Storytelling also works for B2B, HP shows in The Wolf featuring Christian Slater. As the top comment on YouTube notes: “This is way better than most of the stuff shown in movie theaters tbh.

Inspire, surprise or inform

Besides creating stories yourself, you can also inspire your customers, specifically your brand influencers. With the behavior you exhibit as a brand and the great brand experience your brand gives, you can motivate customers to share their story on social media. Like National Geographic does with photo contests or Spotify with playful campaigns that feature unusual user playlists, like I Don’t Know How to Make a Playlist or root canal songs. That’s how you put your audience on a stage themselves.

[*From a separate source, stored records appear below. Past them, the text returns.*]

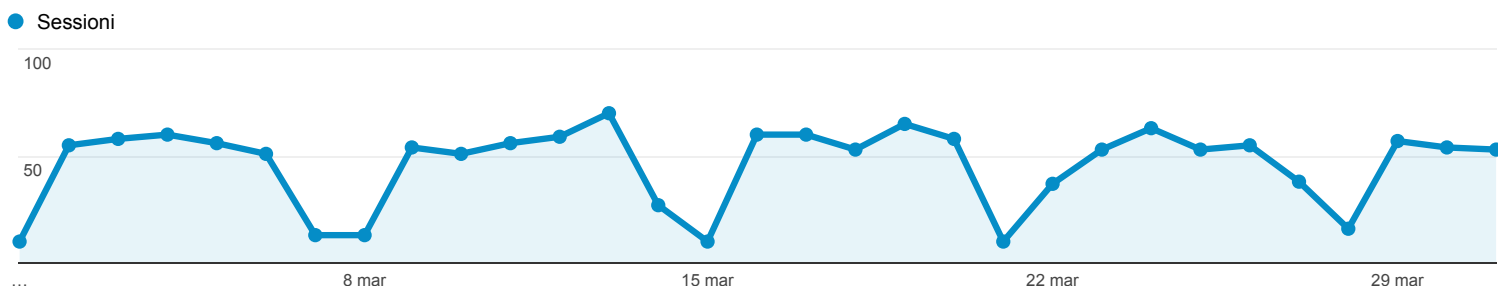

# Nuovo rapporto personalizzato

TUTTI » MESE DELL'ANNO: 201503

Tutte le sessioni  
100,00%

## Rapporti mensili

Giorno del mese	Sessioni	Utenti	Durata sessione media	Visualizzazioni di pagina	Pagine/sessione
	<b>1.428</b> % del totale: 100,00% (1.428)	<b>895</b> % del totale: 100,00% (895)	<b>00:02:22</b> Media per vista: 00:02:22 (0,00%)	<b>9.634</b> % del totale: 100,00% (9.634)	<b>6,75</b> Media per vista: 6,75 (0,00%)
1. 13	70 (4,90%)	60 (4,82%)	00:04:14	632 (6,56%)	9,03
2. 19	65 (4,55%)	63 (5,06%)	00:00:57	296 (3,07%)	4,55
3. 24	63 (4,41%)	53 (4,26%)	00:02:09	372 (3,86%)	5,90
4. 04	60 (4,20%)	46 (3,70%)	00:03:22	485 (5,03%)	8,08
5. 16	60 (4,20%)	52 (4,18%)	00:02:20	380 (3,94%)	6,33
6. 17	60 (4,20%)	50 (4,02%)	00:04:27	711 (7,38%)	11,85
7. 12	59 (4,13%)	48 (3,86%)	00:03:14	440 (4,57%)	7,46
8. 03	58 (4,06%)	47 (3,78%)	00:02:16	388 (4,03%)	6,69
9. 20	58 (4,06%)	54 (4,34%)	00:01:27	317 (3,29%)	5,47
10. 29	57 (3,99%)	56 (4,50%)	00:00:14	116 (1,20%)	2,04
11. 05	56 (3,92%)	45 (3,62%)	00:01:11	302 (3,13%)	5,39
12. 11	56 (3,92%)	51 (4,10%)	00:01:54	364 (3,78%)	6,50
13. 02	55 (3,85%)	49 (3,94%)	00:01:02	366 (3,80%)	6,65
14. 26	55 (3,85%)	48 (3,86%)	00:02:52	345 (3,58%)	6,27
15. 09	54 (3,78%)	45 (3,62%)	00:02:26	314 (3,26%)	5,81
16. 30	54 (3,78%)	39 (3,14%)	00:02:45	390 (4,05%)	7,22
17. 18	53 (3,71%)	44 (3,54%)	00:02:49	411 (4,27%)	7,75
18. 23	53 (3,71%)	44 (3,54%)	00:01:08	346 (3,59%)	6,53
19. 25	53 (3,71%)	48 (3,86%)	00:03:38	409 (4,25%)	7,72
20. 31	53 (3,71%)	45 (3,62%)	00:01:43	388 (4,03%)	7,32
21. 06	51 (3,57%)	49 (3,94%)	00:02:29	320 (3,32%)	6,27
22. 10	51 (3,57%)	45 (3,62%)	00:02:21	382 (3,97%)	7,49
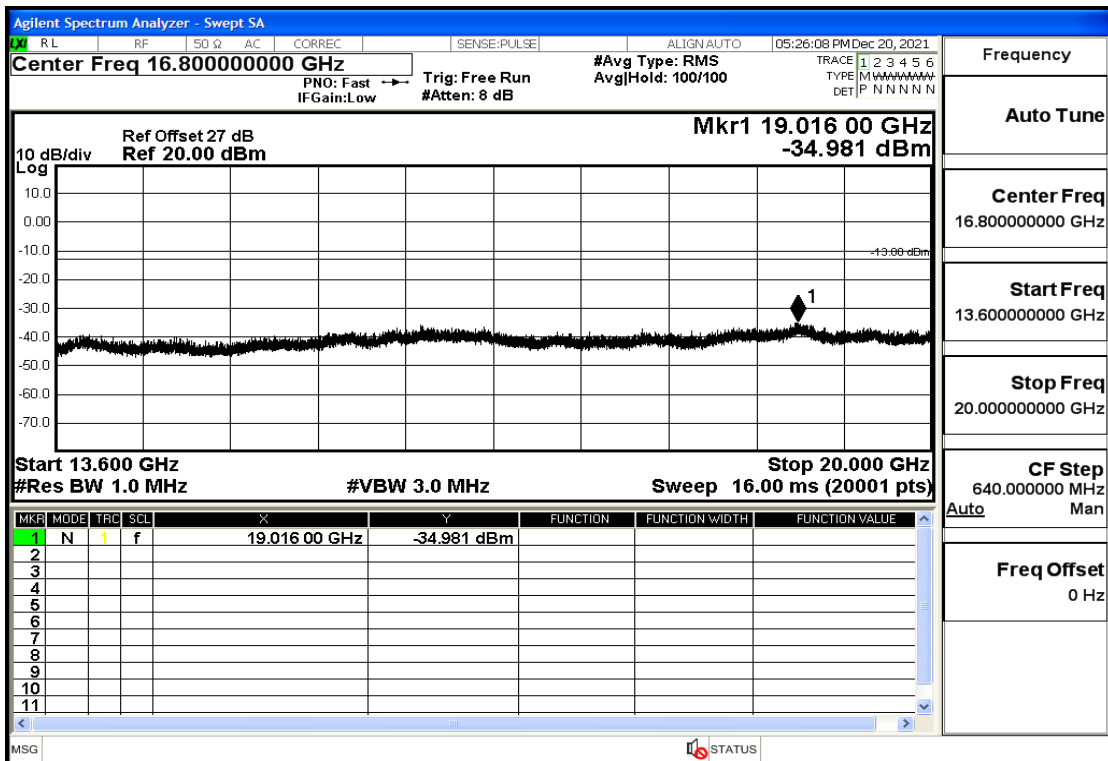

OB4-3-1753.5-QPSK-15#LOW@30MHz-1GHz@Pass

OB4-3-1753.5-QPSK-15#LOW@1GHz-7GHz@Pass

OB4-3-1753.5-QPSK-15#LOW@7GHz-13.6GHz@Pass

OB4-3-1753.5-QPSK-15#LOW@13.6GHz-20GHz@Pass

OB4-5-1712.5-QPSK-25#LOW@30MHz-1GHz@Pass

Of course, for most brands the focus lies with their website. Today, a website should inspire, surprise or inform you thoroughly. A grid with only products says little, save price and description. That’s not how you sell Dyson products, unless you’re the cheapest. Also, in most markets the assortment and online competition are only getting bigger. Any selection given to the customer is more often a result of chance than of choice. Take a site like Booking.com for instance, that many of us will have used. Even if you're looking in a small area for some nice hotel, it feels like finding a needle in a haystack. Wouldn’t it be a great if you could always choose for the same hotel chain instead?

From trust comes loyalty

Branding helps the customer to choose. If I buy from here, it's going to be great. With a strong brand, the customer can rely on a certain quality or service that the brand promises. Or the customer identifies with the transcending idea of the brand, like the ethical clothing brand Patagonia that considers itself an activist company. Brands are not about fiction or fantasy, it’s about revealing the essence of the company and adding character to encourage people to identify with your brand. If you do this well, you’ll build a community that is loyal to your brand. And when they pass it on to others, they’re not talking about your prices. They talk about the values they share with you.